** STUDY MATERIAL follows **

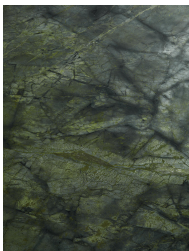

Murcell Oval Dining Table, Brazilian Green Marble, Diffused

£5,995 Regular

£5,096 Membership

Product details

Referencing the marble pieces seen throughout White City House, this sleek dining table is constructed from polished green marble sourced from Brazil with intricate grey veining and crystallised accents. Offset by a solid walnut-clad pillar base, the table counterbalances clean lines with warm tones. Make it the focal point of your dining room.

Solid walnut and marble oval dining table Green marble top sourced from Brazil Intricate veining and crystallised accents Each piece is unique due to variations in the marble Pillar base Inspired by Rome House Also available in a Green Prominent Marble, both of which represent the beauty and variation of the stone.
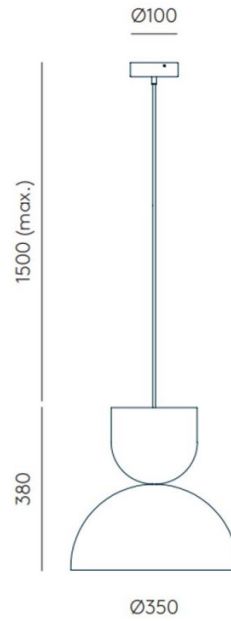

## PRODUCT SPECIFICATION

- Light Source:** 9W, 3000K, 720 Lumens
- IP Code:** 20
- Dimming:** Dimmable via Triac dimming.
- Dimensions:** Shade: Ø35cm  
Shade Height: 38cm  
Ceiling Canopy: Ø10cm  
Maximum Drop Height: 150cm
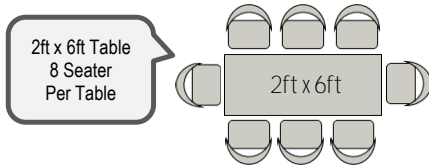

THE BEST STRUCTURE INDUSTRIAL SDN BHD (802457-K)

No.1, Jalan Suria Park 1, Suria Park Kawasan Perindustrian Kg. Baru Balakong, 43300 Seri Kembangan, Selangor Darul Ehsan, Malaysia
www.thebest.com.my | sales@thebest.com.my | H/P: 017 737 4088 / 017-707 4088 / 017-377 4088 | Tel: 03-8962 2822 | Fax: 03-8962 2832

WhatsApp

Copyright © 2021 By THE BEST STRUCTURE INDUSTRIAL SDN BHD & THE BEST RENTAL SERVICE All right reserved.
No part of this book may be reproduced or used in any manner without written permission of the copyright owner except for the use of quotations in a book review.
All photo in this catalogues is for illustration purpose only. All items or Prices shall be change without prior notice.
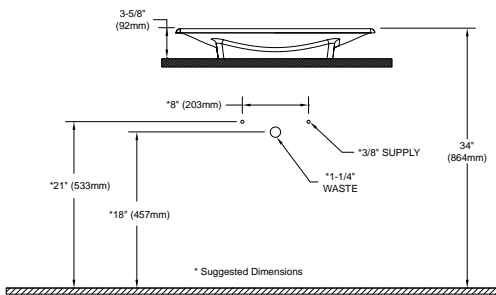

FLT132

Waza™ Noir™ Cast Iron Lavatory

SPECIFICATIONS

- Waste 1-1/4" O.D.
- Size 24" W x 15" D
- Basin 22-11/16" W x 12-13/16" D
- Warranty One Year Limited Warranty
- Material Cast Iron
- Overflow None
- Shipping Weight 48 lbs.
- Shipping Dimensions 18-7/8" W x 27-7/8" D x 6-1/4" H

Vessel installation

Undercounter installation

** End of STUDY MATERIAL **

## WHAT IS NEEDED
In full and without change, repeat the material above, minus the pictures.

## WRITTEN RESPONSE
Murcell Oval Dining Table, Brazilian Green Marble, Diffused

£5,995 Regular

£5,096 Membership

Product details

Referencing the marble pieces seen throughout White City House, this sleek dining table is constructed from polished green marble sourced from Brazil with intricate grey veining and crystallised accents. Offset by a solid walnut-clad pillar base, the table counterbalances clean lines with warm tones. Make it the focal point of your dining room.

Solid walnut and marble oval dining table Green marble top sourced from Brazil Intricate veining and crystallised accents Each piece is unique due to variations in the marble Pillar base Inspired by Rome House Also available in a Green Prominent Marble, both of which represent the beauty and variation of the stone.

## PRODUCT SPECIFICATION

- Light Source:** 9W, 3000K, 720 Lumens
- IP Code:** 20
- Dimming:** Dimmable via Triac dimming.
- Dimensions:** Shade: Ø35cm  
Shade Height: 38cm  
Ceiling Canopy: Ø10cm  
Maximum Drop Height: 150cm

THE BEST STRUCTURE INDUSTRIAL SDN BHD (802457-K)

No.1, Jalan Suria Park 1, Suria Park Kawasan Perindustrian Kg. Baru Balakong, 43300 Seri Kembangan, Selangor Darul Ehsan, Malaysia
www.thebest.com.my | sales@thebest.com.my | H/P: 017 737 4088 / 017-707 4088 / 017-377 4088 | Tel: 03-8962 2822 | Fax: 03-8962 2832

WhatsApp

Copyright © 2021 By THE BEST STRUCTURE INDUSTRIAL SDN BHD & THE BEST RENTAL SERVICE All right reserved.
No part of this book may be reproduced or used in any manner without written permission of the copyright owner except for the use of quotations in a book review.
All photo in this catalogues is for illustration purpose only. All items or Prices shall be change without prior notice.

FLT132

Waza™ Noir™ Cast Iron Lavatory

SPECIFICATIONS

- Waste 1-1/4" O.D.
- Size 24" W x 15" D
- Basin 22-11/16" W x 12-13/16" D
- Warranty One Year Limited Warranty
- Material Cast Iron
- Overflow None
- Shipping Weight 48 lbs.
- Shipping Dimensions 18-7/8" W x 27-7/8" D x 6-1/4" H

Vessel installation

Undercounter installation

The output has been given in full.